Im Süden das Christkind, im Norden der Weihnachtsmann

Zum Leserbrief "Nur echt mit Mitra, Stab und Bibel" (TV vom 6./7. Dezember):

Die Geschichte vom Heiligen Nikolaus kennen wir alle. Nur, wo kommen der Weihnachtsmann und das Christkind her?

Eine Erklärung liefert das Kinderbuch "Warum feiern wir Weihnachten?" von Volker Ufertinger, erschienen in der Reihe "Kinder-Uni".
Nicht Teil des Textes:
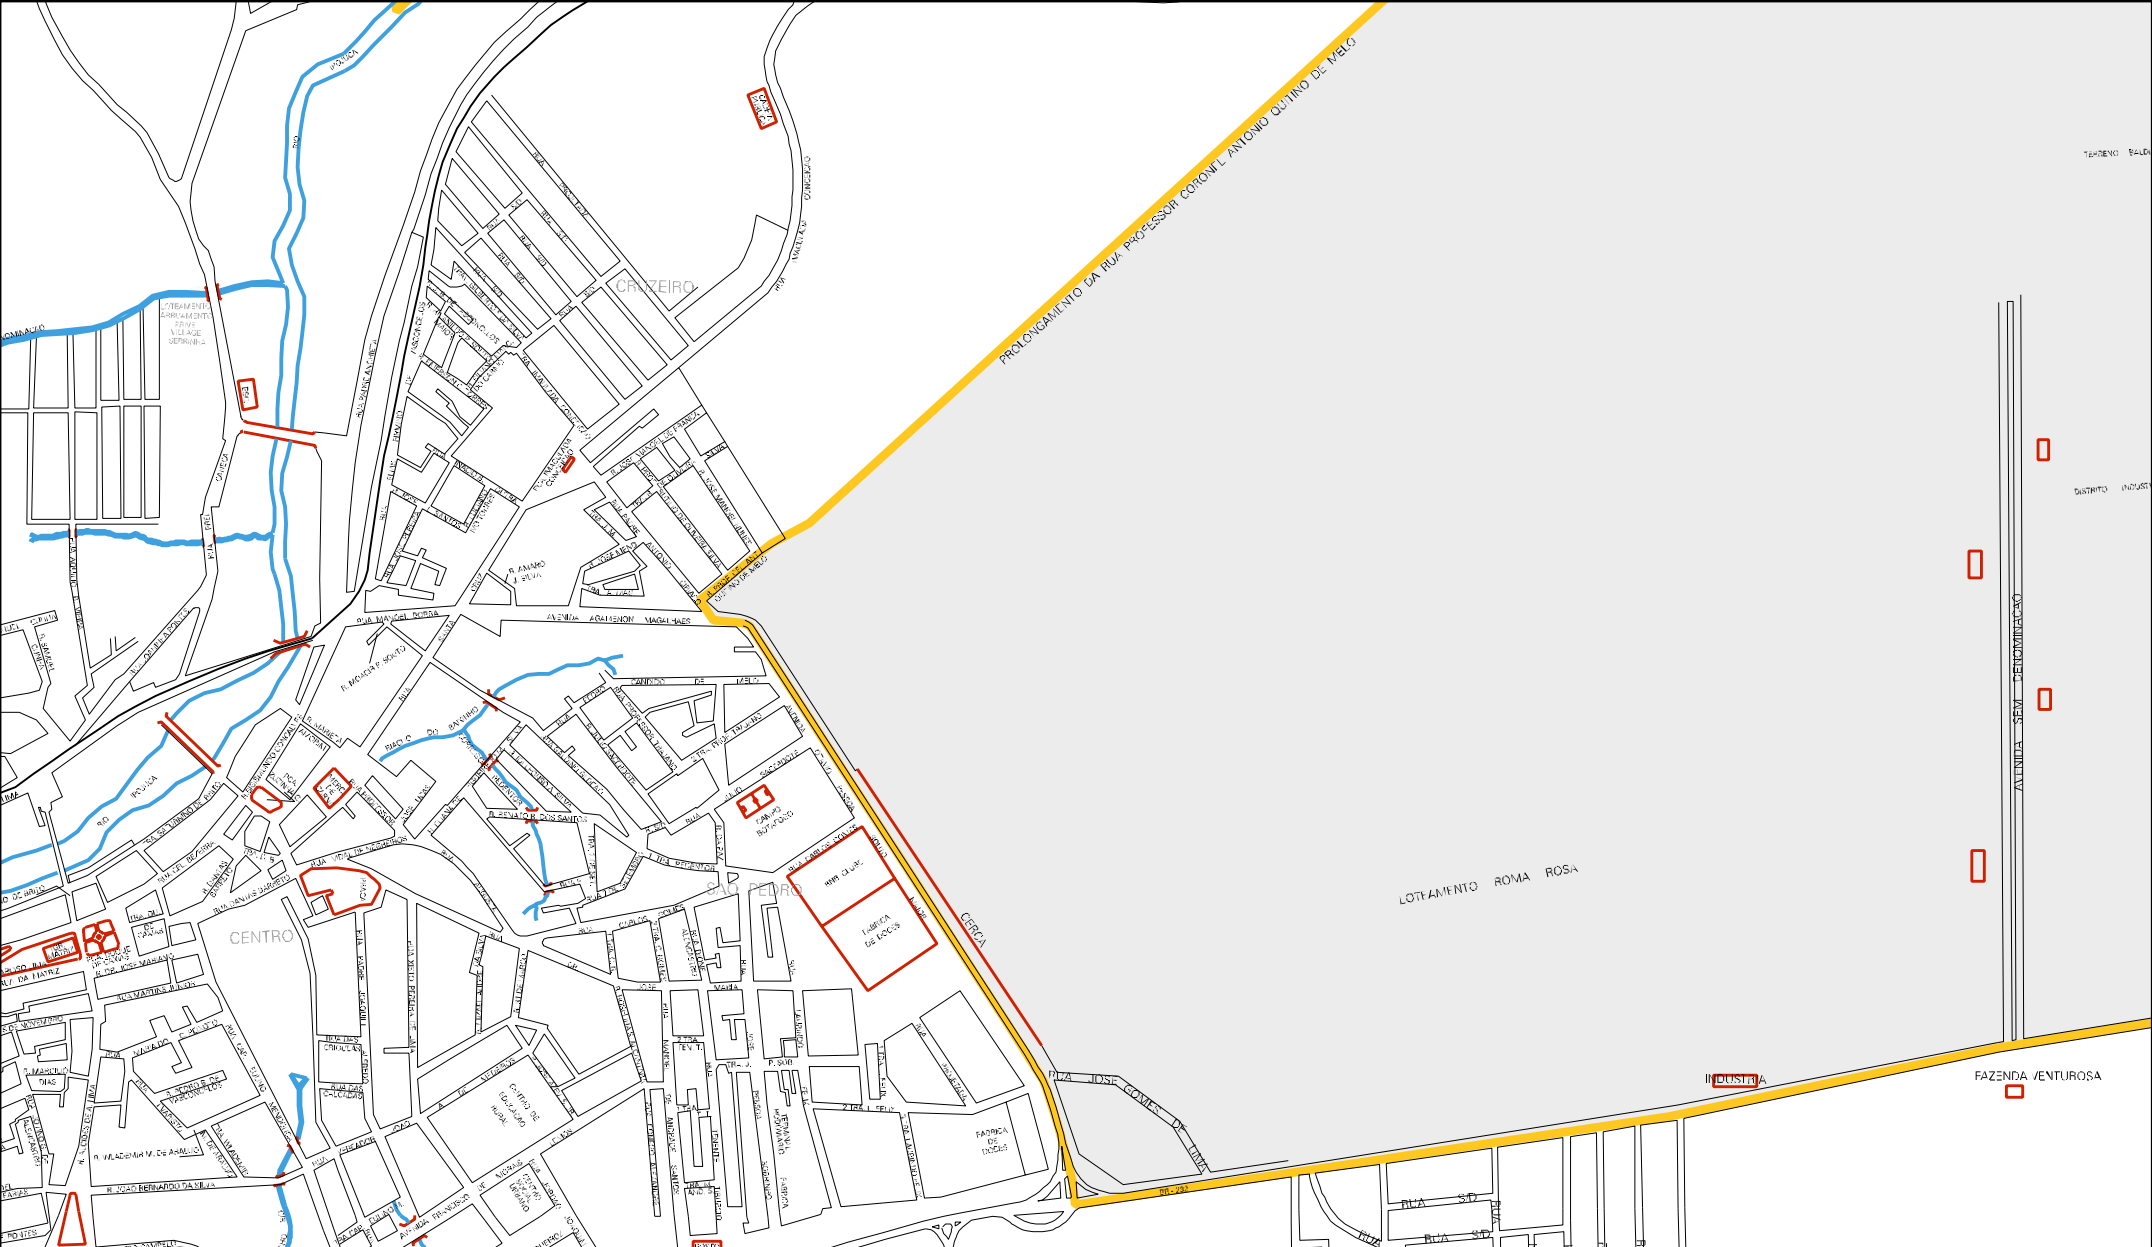

ESTRADA PARA SERRA NEGRA

BOVANIUM SÃO JOSÉ

FAZENDA ZENINHA

Linha Limbano  
Linha PARALELA DE 300 METROS A ESTRADA BEIRA RIO - MULLINGU - VARZINHA

ESTRADA BEIRA RIO - MULLINGU - VARZINHA

ESTRADA BEIRA RIO - MULLINGU - VARZINHA

RIO IPOJUCA

Linha FERREIRA DA REGA

ESTRADA DO RIO MULLINGU

PR. LINDA SERRA DEL. 111

PR. LINDA SERRA DEL. 111  
PR. LINDA SERRA DEL. 111  
PR. LINDA SERRA DEL. 111

MUNICIPIO: 01904 - BEZERROS  
DISTRITO: 05 - BEZERROS  
SUBDISTRITO: 00  
SETOR: 0047 SITUACAO: 20

ESTADO DE PERNAMBUCO  
MAPA DE SETOR URBANO - MSU  
ESCALA: 1 : 9143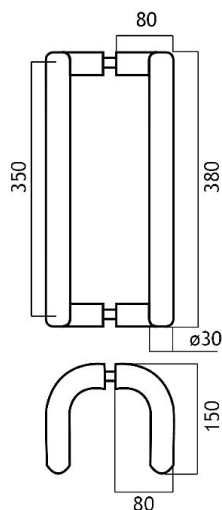

17601 nerez madlo jednostranné

» DVEŘNÍ KOVÁNÍ » MADLA

Dodavatelské číslo	1117601001_2
Značka	EUROLATON
Kód produktu	03780-0015

Madlo je určené pro skleněné nebo dřevěné dveře. Průměr vrtání je 13 mm pro skleněné dveře a 9 mm pro dřevěné dveře.

Cena je za pár madel.

Cena včetně upevňovacího setu.

Dostupnost sklad SEZAM :
Dostupné sklad dodavatele:

u dodavatele
sklad dodavatele

Parametry

Značka	EUROLATON
Barva	Nerez mat, F9 imitace nerez
Rozteč	350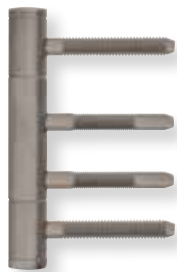

Nickel satin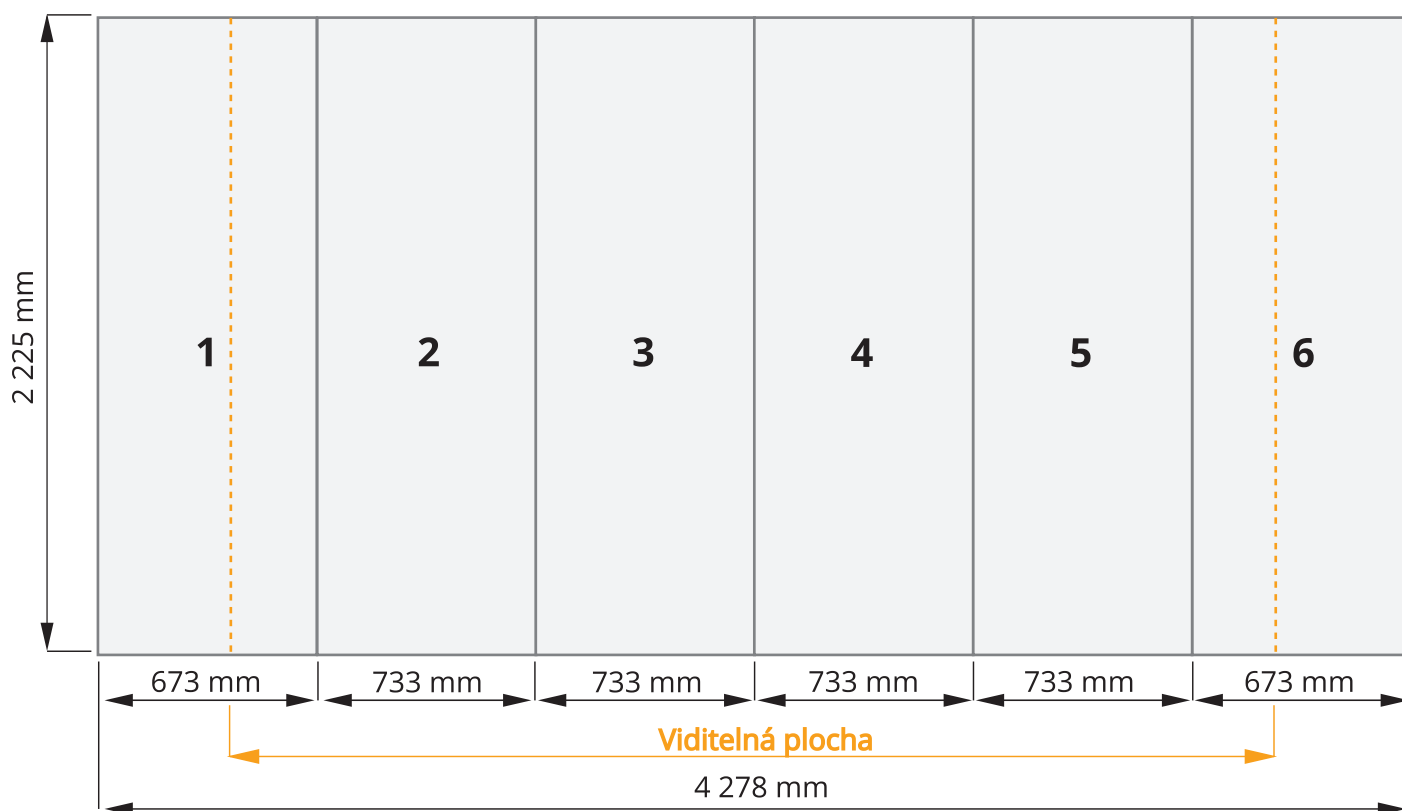

POP UP stěna IMPACT 3x4

Celková plocha grafiky: **4 278 x 2 225 mm**

Počet grafických panelů: **6**

Grafiku zašlete rozdělenou na jednotlivé díly

- Rozlišení musí být 300 dpi
- Veškeré písmo musí být převedeno na křivky
- Vaše předlohy dodávejte v PDF souboru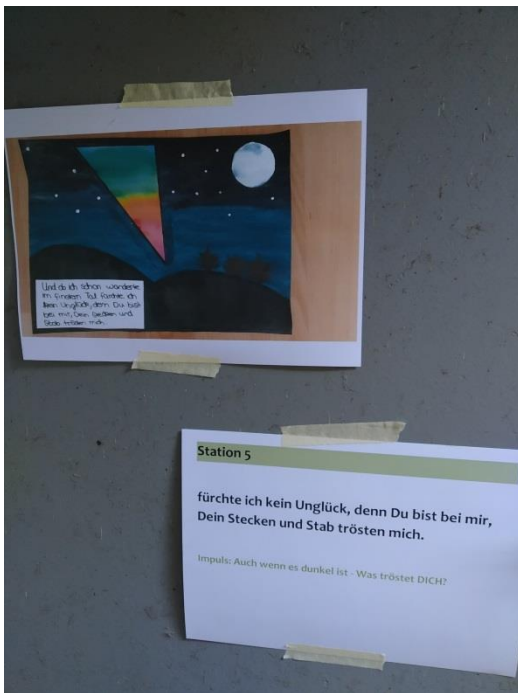

Station im Kirchenkeller zu Psalm 23,4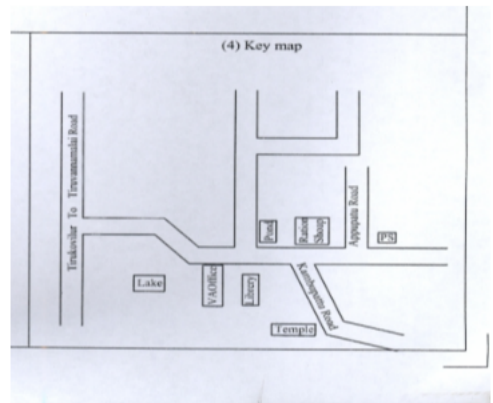

Cad View

Key MAP View

Demnach war für Martin Luther die katholische Heiligen-Verehrung ein Gräuel. Sein Bann traf auch den Nikolaus. Da er dieses beliebte Kinderfest aber nicht wegzaubern konnte, erfand er einen Kompromiss: Der Nikolaus hieß nicht mehr Nikolaus, sondern "Herre Christ", und die Bescherung wurde auf den Tag vor Weihnachten, also auf den 24. Dezember, verlegt.

Lange Zeit kümmerte sich offenbar kein Mensch darum, wie dieser "Herre Christ" aussehen sollte - bis am 1. Januar 1881 ein Holzschnitt des deutsch-amerikanischen Zeichners Thomas Nast in der amerikanischen Wochen-Zeitschrift "Harper's Week ly" erschien: ein Pfeife rauchender, gemütlicher, bärtiger alter Mann im Pelz als Gabenbringer, genannt "Merry Old Santa Claus".

Rund 50 Jahre später legte der schwedische Zeichner Haddon Sundblom für einen Werbe-Auftrag von Coca-Cola letzte Hand an die Gestalt des Weihnachtsmannes. Und so sieht der Weihnachtsmann heute noch aus.

Auch zur Erfindung des Christkinds hat Martin Luther beigetragen. Um den Nikolaus zu verdrängen, erfand er zwei sehr unterschiedliche Figuren. Das Christkind geht auf die Heilige Luzia zurück.

Martin Luther und seine Gefolgsleute steckten Luzia in ein weißes Kleid, bedeckten ihr Gesicht mit einem Schleier, der von einem goldenen Stirnband gehalten wird.

Dazu kamen kleine Flügel und eine Krone als Zeichen, dass es sich bei ihr um ein höheres Wesen handelt. Der Zweikampf zwischen Christkind und Weihnachtsmann um einen Platz in den Kinderherzen ging übrigens unentschieden aus. Der Weihnachtsmann setzte sich in den lutherischen Gebieten durch. Die Katholiken nahmen das Christkind, obwohl es eigentlich den Nikolaus vom Thron stürzen sollte, im Lauf des 19. Jahrhunderts an. Seither ist Deutschland zweigeteilt. Bis zur Main-Linie werden die Kinder vom Christkind beschenkt, weiter im Norden glauben sie an den Weihnachtsmann.